**The task:** Search the material below for "biggreenegg" and copy every line where it occurs.

+++ Data listing +++

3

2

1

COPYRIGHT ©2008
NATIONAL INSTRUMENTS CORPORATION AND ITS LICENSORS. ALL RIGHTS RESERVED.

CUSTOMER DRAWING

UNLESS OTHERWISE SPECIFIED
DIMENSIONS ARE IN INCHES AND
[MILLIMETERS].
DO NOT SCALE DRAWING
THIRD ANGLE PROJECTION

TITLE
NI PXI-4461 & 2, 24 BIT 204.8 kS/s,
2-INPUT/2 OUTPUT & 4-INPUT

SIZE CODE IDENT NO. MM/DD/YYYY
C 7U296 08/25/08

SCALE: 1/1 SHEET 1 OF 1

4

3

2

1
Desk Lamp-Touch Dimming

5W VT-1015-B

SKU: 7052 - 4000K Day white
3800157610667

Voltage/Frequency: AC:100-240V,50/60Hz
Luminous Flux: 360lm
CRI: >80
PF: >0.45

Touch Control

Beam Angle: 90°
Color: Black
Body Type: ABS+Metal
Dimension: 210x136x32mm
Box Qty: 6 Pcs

+++
+++ Data listing +++

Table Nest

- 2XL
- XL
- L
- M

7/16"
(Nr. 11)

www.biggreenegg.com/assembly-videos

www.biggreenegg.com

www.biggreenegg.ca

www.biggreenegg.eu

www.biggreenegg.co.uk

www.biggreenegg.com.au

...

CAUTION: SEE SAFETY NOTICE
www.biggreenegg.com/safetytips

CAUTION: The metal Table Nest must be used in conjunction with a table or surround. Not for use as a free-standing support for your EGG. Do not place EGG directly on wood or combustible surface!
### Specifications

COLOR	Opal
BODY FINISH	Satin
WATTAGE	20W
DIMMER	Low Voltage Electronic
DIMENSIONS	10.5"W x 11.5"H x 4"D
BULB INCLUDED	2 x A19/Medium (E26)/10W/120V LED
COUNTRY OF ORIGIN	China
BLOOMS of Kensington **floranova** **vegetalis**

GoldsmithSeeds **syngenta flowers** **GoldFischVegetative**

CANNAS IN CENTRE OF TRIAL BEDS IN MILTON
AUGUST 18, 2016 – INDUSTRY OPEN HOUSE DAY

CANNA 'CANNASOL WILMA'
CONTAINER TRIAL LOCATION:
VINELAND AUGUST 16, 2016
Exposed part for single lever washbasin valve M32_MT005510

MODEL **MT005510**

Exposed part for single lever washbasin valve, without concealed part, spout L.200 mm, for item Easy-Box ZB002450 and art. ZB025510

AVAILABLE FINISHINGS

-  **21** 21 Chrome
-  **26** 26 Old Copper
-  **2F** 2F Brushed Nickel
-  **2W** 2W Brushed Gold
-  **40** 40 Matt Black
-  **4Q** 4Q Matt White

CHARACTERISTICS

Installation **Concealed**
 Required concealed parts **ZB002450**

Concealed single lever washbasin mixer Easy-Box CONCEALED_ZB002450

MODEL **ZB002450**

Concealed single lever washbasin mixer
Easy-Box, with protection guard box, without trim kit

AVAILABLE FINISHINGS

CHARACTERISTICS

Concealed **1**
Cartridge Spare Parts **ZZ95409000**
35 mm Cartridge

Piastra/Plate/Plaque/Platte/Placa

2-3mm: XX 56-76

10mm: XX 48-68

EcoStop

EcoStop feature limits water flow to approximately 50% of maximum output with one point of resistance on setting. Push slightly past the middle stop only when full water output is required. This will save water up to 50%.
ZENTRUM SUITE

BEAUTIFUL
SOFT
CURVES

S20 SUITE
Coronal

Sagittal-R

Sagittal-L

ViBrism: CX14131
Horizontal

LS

+++

**Solved exercise:**
www.biggreenegg.com/assembly-videos
www.biggreenegg.com
www.biggreenegg.ca
www.biggreenegg.eu
www.biggreenegg.co.uk
www.biggreenegg.com.au
www.biggreenegg.com/safetytips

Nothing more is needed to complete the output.